During the quarter, we continued to execute on our focus on long-term life and health insurance distribution with long-term life and health products accounting for 93% of total GWP facilitated in the quarter, marking the third consecutive quarter for this metric to come in above 90%. Our long-term health segment continues to demonstrate strong growth momentum. We've closed up -- GWP increasing by 40% year-over-year to RMB 400 million.
Now turning to our revenue line. Total operating revenue for the quarter was RMB 235 million, which was up by 17.6% year-over-year and exceeding our previous guidance given to the market in the first quarter. The increase in revenue was primarily driven by the increase in brokerage income due to the 51% increase in GWP, which we mentioned before.
Turning to the cost items. Cost of revenue for the quarter increased by 10.7% year-over-year to RMB 139.8 million, primarily due to the increased personnel costs paid to insurance consultants and service fees paid to our user traffic channel partners, which is generally in line with our overall revenue growth.
As a percentage of total revenues, total cost of revenues declined to 59.5% in the quarter from 63.2% in the same period of 2019, which translates roughly to 3.7 percentage point improvement in gross margins year-over-year. And that also demonstrates the operating leverage that we are able to achieve in the quarter.
Selling expenses for the quarter increased by 42.7% year-over-year to RMB 48.1 million, which was primarily attributable to the increase in our sales and marketing headcount during the last 12 months as well as an increase in share-based compensation and to a lesser extent an increase in advertising and marketing expenses in comparison to last year.
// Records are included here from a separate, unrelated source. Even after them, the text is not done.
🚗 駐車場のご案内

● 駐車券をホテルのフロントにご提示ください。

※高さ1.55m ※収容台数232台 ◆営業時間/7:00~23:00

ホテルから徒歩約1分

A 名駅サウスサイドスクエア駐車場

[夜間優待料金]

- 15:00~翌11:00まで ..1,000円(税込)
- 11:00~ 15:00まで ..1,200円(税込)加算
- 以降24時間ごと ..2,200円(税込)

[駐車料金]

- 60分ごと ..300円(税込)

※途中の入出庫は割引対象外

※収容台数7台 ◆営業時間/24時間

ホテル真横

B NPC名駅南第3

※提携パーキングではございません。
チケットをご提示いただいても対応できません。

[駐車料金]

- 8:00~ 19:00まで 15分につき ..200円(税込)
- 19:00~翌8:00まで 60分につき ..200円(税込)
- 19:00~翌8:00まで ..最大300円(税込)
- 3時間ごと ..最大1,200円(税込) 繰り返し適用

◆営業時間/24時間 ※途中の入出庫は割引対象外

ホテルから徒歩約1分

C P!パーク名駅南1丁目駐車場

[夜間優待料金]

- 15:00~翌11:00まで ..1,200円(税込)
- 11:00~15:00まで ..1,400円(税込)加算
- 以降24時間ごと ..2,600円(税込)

G&A expenses decreased year-over-year by 44.5% to RMB 43.5 million. The decrease was primarily due to a one-off share-based expense in the same period last year. And then the decrease amounted to RMB 15.5 million in the second quarter compared to RMB 61.8 million in the last year. If we strip out the effect of SBC from G&A in the quarter, G&A expenses grew by 70.3% year-over-year to RMB 28 million from RMB 16.5 million and accounting for 11.9% of our revenues as compared to 8.2% last year.
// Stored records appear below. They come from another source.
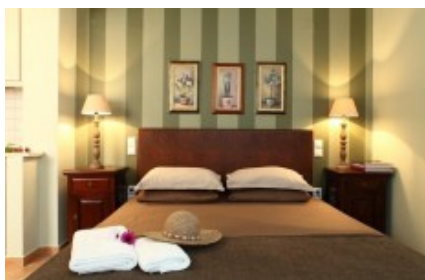

Ξενοδοχείο Anthias Garden

Ayios Ioannis

38.83012, 20.68594

Μπορείτε [εδώ](#) να κάνετε κράτηση και να δείτε λεπτομερείς πληροφορίες σχετικά με τα δωμάτια και τις τιμές μαζί με φωτογραφίες, διαθέσιμες ημερομηνίες και πολλά άλλα ακόμη για αυτό το όμορφο ξενοδοχείο.

Περίληψη

Σκοπός: Διαμονή	Τύπος: Ξενοδοχείο	Χώρα: Ελλάδα
Πόλη: Λευκάδα		

Εσωτερικές διευκολύνσεις

Checkin: 14:00:00

Checkout: 12:00:00

Στοιχεία Agent

Greek Map

info@omicronacademy.com – Μαρία Παππα

R&D expenses. We continue to invest heavily in R&D, as explained before, in our AI applications and also in beefing up our R&D headcount. For the quarter, R&D expenses grew by 41.9% year-over-year to RMB 10.6 million, which is primarily attributable to the increase in headcount, as we continue to invest in technology enhancements throughout the business procedures.
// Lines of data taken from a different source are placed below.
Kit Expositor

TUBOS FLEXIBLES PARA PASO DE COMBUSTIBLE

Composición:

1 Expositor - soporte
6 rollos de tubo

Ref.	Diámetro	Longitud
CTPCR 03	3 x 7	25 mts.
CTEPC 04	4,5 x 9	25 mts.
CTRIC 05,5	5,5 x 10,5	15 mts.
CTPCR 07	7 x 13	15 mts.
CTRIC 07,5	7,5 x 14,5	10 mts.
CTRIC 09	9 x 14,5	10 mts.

During the second quarter, net loss was RMB 3.7 million, while non-GAAP net profit for the quarter was RMB 14.1 million, which again represents a 9 consecutive profitable quarter on a non-GAAP basis. We continue to exercise financial discipline and prudence in light of the current challenging macro environment and maintain a relatively strong liquidity and healthy financial position.
As of quarter end, we had a combined balance of cash and cash equivalents of approximately USD 63 million. Going forward, this robust liquidity position will allow us to undertake more aggressive growth strategies in the second half of the year and capitalize on potential attractive investment opportunities.
Now turning to our Q3 outlook. With regards to the Q3 revenue, we expect total operating revenue to be in the range of RMB 310 million to RMB 340 million. This forecast obviously only reflects the current and preliminary views on the market and operational conditions and are subject to change caused by various uncertainties, including those relating to the ongoing COVID-19 pandemic.
With that, this concludes our prepared remarks for today, and we would like to open up the call for Q&A. Thank you, operator.